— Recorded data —
--------------------------------------------------

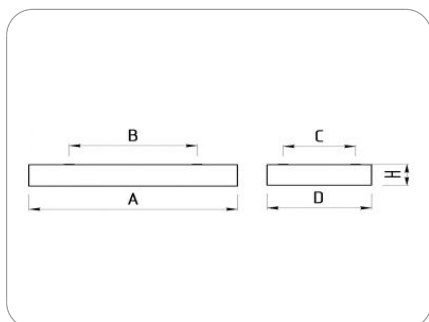

ОБЛАСТЬ ПРИМЕНЕНИЯ

- Офисы, административные здания
- Торговые залы, магазины
- Авиа и железнодорожные вокзалы
- Столовые, кафе, предприятия быстрого питания
- Учебные заведения
- Учреждения здравоохранения

УСТАНОВКА

- Встраиваемый или накладной монтаж
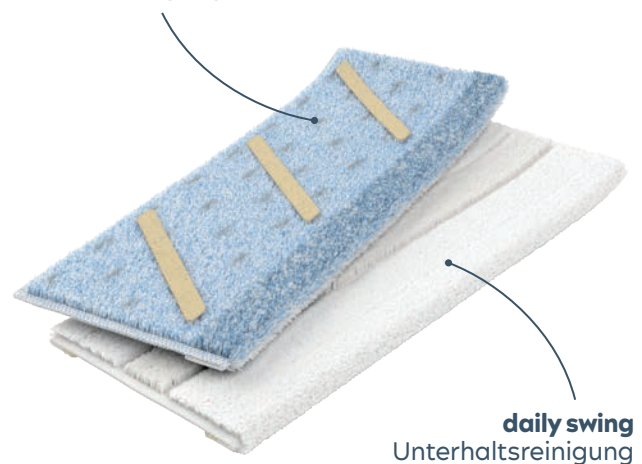

FLOOR ZILLA

swing

swing Wischbezüge

FloorZilla swing Wischbezüge für den ergonomischen Schwung mit optimaler mechanischer Reinigungsleistung. Dank innovativer Diamantbeschichtung gleiten sie schonend über jeden Boden und lösen ohne Kraftaufwand festsitzende Verunreinigungen.

FloorZilla **power swing** mit unseren patentierten 3D-Aktivelementen, eignet sich hervorragend für die Intensivreinigung. FloorZilla **daily swing** für die leichtgängige und gründliche Unterhaltsreinigung.

power swing
Intensivreinigung

daily swing
Unterhaltsreinigung

Einfach

leicht gleitend

Gründlich

stark schmutzlösend

Zeitsparend

reduziert Nachwischen

Tiefenrein, umweltschonend und sicher für Bodenbeläge

Die Bodenreinigung mit FloorZilla Wischbezügen ist schonend und gleichzeitig tiefenrein. Sie benötigt dank der mechanischen Reinigungskraft weniger Reinigungschemie. Eine perfekte Balance zwischen Reinheit und Umwelt.

Weitere Produkte unter www.floorzilla.de

VreactiV

Dank der innovativen VreactiV-Technologie werden mit den einzigartigen 3D-Aktivelementen Verschmutzungen spielend beseitigt.
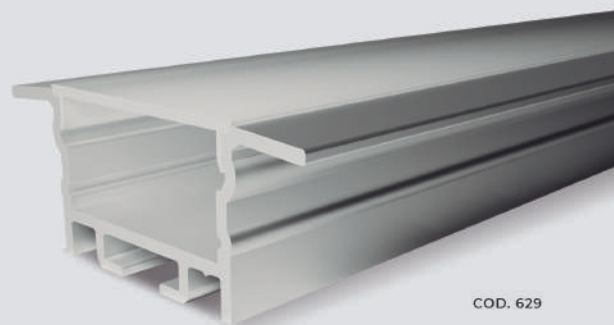

COD. 629

Perfil Vênus

Perfil de alumínio de embutir, especialmente projetado para iluminação no gesso por possuir uma altura ideal de 15mm que não interfere na estrutura metálica do gesso nesse padrão. A versatilidade é uma característica básica deste perfil, podendo ser utilizado em salas, corredores, quartos e áreas comerciais.

Acabamentos disponíveis nas cores:
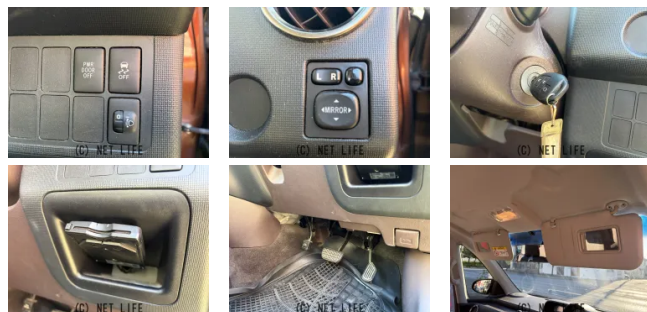

☆左大きな電動スライドドアで乗り降りしやすいです☆室内も広々シート倒してテーブルにできます

車名	トヨタ ポルテ		
本体価格(消費税込) 支払総額(税込)	ご成約 (---)		
年式	2013年 (H25)		
走行距離	7.5万 km		
保証	保証付・12ヶ月・距離無制限		
法定整備	法定整備合		
色	ダークブラウンマイカメタリック		
車検	検R10/7	修復歴	無
リサイクル	リ済込	駆動方式	2WD
燃料	ガソリン	ミッション	
ハンドル	右	乗車定員	5名
ドア	4D	車台番号	571

装備・内装・外装・安全装備

パワーステアリング・パワーウィンドウ・エアコン・ETC・ウインカーミラー・
フォグランプ・電格ミラー・キーレス・集中ドアロック・TV(フルセグ)・ナビ(SD
ナビ他)・シートリフター・カメラ(バック)・スライドドア(片側電動)・
アルミホイール(15)・ABS・エアバック(運転席/助手席/サイド)・

装備備考

- ●パワーステアリング●パワーウィンドウ●エアコン●キーレス●
- ABS●運転席エアバッグ●助手席エアバッグ●サイドエアバッグ
- ●バックカメラ●ETC●フォグランプ●ウインカーミラー●電格...

STOCK GARAGEのお問い合わせ

098-979-5899

※お問合せの際は、「クロスロード」を見た！とお伝えください。

更新日 06月27日 11:53

<https://www.o-cross.net/car/toyota/S130/002242-1260621-N0001/>

STOCK GARAGE
沖縄県宜野湾市野嵩1-6-21

営業時間: 09:00~18:00

定休日: 年末年始
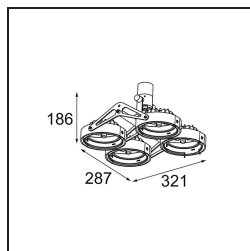

Nomad Surface Adjustable 4x AR111 DE White Structure

Spezifikationen

Material	10201009
Typ der Lichtquelle	AR111
Leuchtmittel enthalten	Nein
Anzahl Lichtquellen	4
Lichtrichtung	Abwärts
Eingangsspannung	12 Vac
Schutzklasse	III
Schutzart	20
Glühdrahtprüfung (°C)	960
Innen/Außen	Innen
Anwendung	Decke, Wand
Montage	Aufbau
Verstellbarkeit	GIMBLE 45°
Abstand zum beleuchteten Objekt (m)	1
Primärfarbe & Primäres Finish	Weiß, Strukturiert
Bruttogewicht (g)	1580,0
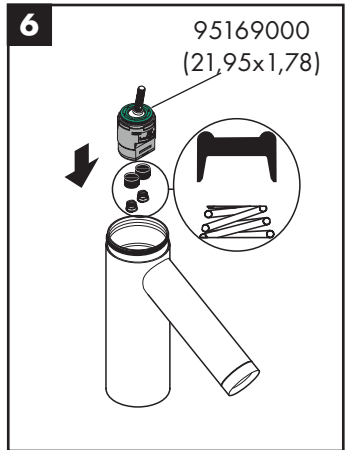

Service

hansgrohe

Hansgrohe PuraVida.....	3
Axor Steel < 01/10.....	4
Axor Steel > 02/10	6
Axor Uno ² < 01/10.....	8
Axor Uno ² > 02/10.....	10
Axor Uno / Steel < 01/10.....	12
Axor Steel Uno / Steel > 02/10	13
Axor Citterio.....	14
Axor Citterio 39034000 / 39037000.....	16
Axor Massaud.....	17
Axor Starck < 03/02.....	18
Axor Starck > 04/02.....	19
Axor Starck 08/04 – 04/05	20
Axor Starck > 04/05.....	21
Axor Starck 10300000.....	22
Axor Starck 10800XXX > 04/01 / 10801XXX > 08/00.....	23
Axor Starck 10800XXX > 01/08 / 10801XXX > 01/08	24
Axor Starck X 10070000	25
Axor Starck X.....	26
Axor Starck Semi Pro 10820000	27
Axor Terrano < 07/01	28
Axor Terrano > 08/01	29
Axor Starck 10821XXX.....	30
Axor Starck V	31
Bedienung / Instructions de service / Operation / Procedura / Manejo / Bediening / Brugsanvisning / Funcionamento / Obŝtuga / Ovládání / Obsluha / 操作 / Эксплуатация / Használat / Käyttö / Hantering / Eksploatacija / Upotreba / Kullanımı / Utilizare / Χειρισμός / Upravljanje / Kasutamine / Lietošana / Rukovanje / Betjening / Обслужване / Përdorimi / التشغيل.....	32
Sonderzubehör / Accessoires en option / Special accessories / Accessori speciali / Opcional / Toebehoren / Specialtillbehør / Acessórios especiais / Wyposażenie specjalne / Zvláštní příslušenství / Zvláštne príslušenstvo / 选装附件 / Специальные принадлежности / Egyéb tartozék / Erityisvaruste / Specialtillbehør / Specialūs priedai / Posebni pribor / Özel aksesuarlar / Accesorii optionale Ειδικά αξεσουάρ / Poseben pribor / Spetsiaalne lisavarustus / Speciāli aksesuāri / Poseban pribor / Ekstratillbehør / Специални принадлежности / Paqisje të posaçme / ملحقات خاصة	32
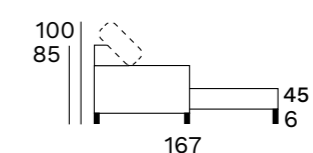

Romeo Angolare

3 Posti

L206 - P96- H85/100 - Hsed.45 cm

3 Posti 1BR

L178 - P96- H85/100 - Hsed.45 cm

2 Posti

L172 - P96- H85/100 - Hsed.45 cm

2 Posti 1BR

L144 - P96- H85/100 - Hsed.45 cm

Poltrona

L114 - P96- H85/100 - Hsed.45 cm

Poltrona 1BR

L86 - P96- H85/100 - Hsed.45 cm

Poltrona SBR

L58 - P96- H85/100 - Hsed.45 cm

Poltrona Max 1BR

L103 - P96- H85/100 - Hsed.45 cm

Poltrona Max SBR

L75 - P96- H85/100 - Hsed.45 cm

CL

L115 - P167 - H85/100 - Hsed.45 cm

Angolo

L110 - P110 - H85/100 - Hsed.45 cm

Pouf

L70 - P105 Hsed.45 cm

(versione CL)

3 posti

L206

2 posti

L172

Poltrona

L114

--------------------------------------------------

— Exercise objective —
Using the entries above, say how many lines contain the string "power"; the number is the full reply.

— Task solution —
2